Kerry, incontri serrati con Netanyahu e Abu Mazen

TEL AVIV  – Il segretario di stato Usa John Kerry sta compiendo in questi giorni una vera ‘maratona’ diplomatica nell’intento di rilanciare negoziati di pace israelo-palestinesi. Infatti ha trascorso, in due riprese, sette ore a Gerusalemme con il premier Benyamin Netanyahu (in buona parte a quattr’occhi) e altre tre ore, ad Amman, con il presidente palestinese Abu Mazen. Poi, a Gerusalemme, ha aggiornato il Capo dello stato Shimon Peres e oggi, in un nuovo tour de force, sarà prima ad Amman – di nuovo a tu per tu con Abu Mazen – e poi, in serata, a Gerusalemme, per un terzo incontro con Netanyahu.

Sull’esito della missione non si hanno informazioni concrete. La stampa locale avanza l’ipotesi che Kerry stia lavorando ad un incontro israelo-palestinese da tenersi ad Amman la settimana prossima, possibilmente con la partecipazione dei negoziatori delle due parti. A quanto pare lo stesso Kerry sarà più esplicito oggi, in una conferenza stampa. Peres, da parte sua, lo ha incoraggiato a non desistere nei propri sforzi.

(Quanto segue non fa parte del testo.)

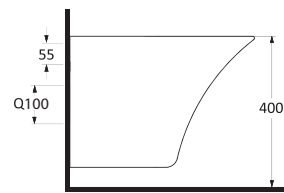

EGERIMLESS

aQuasave

Aquasave Klozetler 6 Litre yerine 4 Litre su ile etkin temizlik sağlar.
Aquasave significantly reduces the water used in flushing from 6 to 4 liters.

– Israele – ha detto – apprezza molto il Suo tentativo di rilanciare trattative. L’intero Paese La segue.

Proprio ieri un sondaggio di opinione ha mostrato che circa il 70 per cento degli israeliani vogliono effettivamente la ripresa di colloqui di pace con i palestinesi, arenatisi di fatto da cinque anni, con l’uscita di scena del governo di Ehud Olmert e di Tzipi Livni (Kadima). Ma una percentuale analoga ”non crede” che nelle condizioni attuali sia possibile raggiungere un accordo che metta fine al conflitto.

Secondo il viceministro degli esteri di Israele, Zeev Elkin, in questa fase la parte palestinese è sottoposta a ”pressioni forti” dagli Stati Uniti e dall’Unione europea per convincere Abu Mazen a tornare al tavolo delle trattative. In passato l’Anp ha chiesto la liberazione di oltre 100 palestinesi detenuti da più di 20 anni in Israele; il congelamento delle colonie e l’impegno di Israele a vedere nelle linee armistiziali in vigore fino al 1967 come la base di future trattative.

Netanyahu ha replicato di non essere disposto a pagare ”alcun biglietto di ingresso” per tornare a negoziare. Ma, secondo i suoi ministri, in questi mesi ha tacitamente rallentato le attività edilizie ebraiche in Cisgiordania e a Gerusalemme est. E un suo ministro ha detto a Haaretz che, nel contesto di accordi definitivi, Netanyahu accetterebbe il ritiro dal 90 per cento della Cisgiordania (fatta eccezione per la valle del Giordano).

Kerry, da parte sua, vorrebbe vedere entro settembre al massimo i primi frutti delle cinque spole condotte da quando è entrato in carica. Secondo gli osservatori non gli interessa tanto un vertice alla presenza di Abu Mazen e Netanyahu: vuole impostare piuttosto trattative serrate, che si concludano entro un anno. Per raggiungere questo fine occorre dunque mettere a punto una sorta di ‘gabbia diplomatica’ che impedisca di fatto alle due parti di abbandonare il tavolo dei negoziati alle prime difficoltá.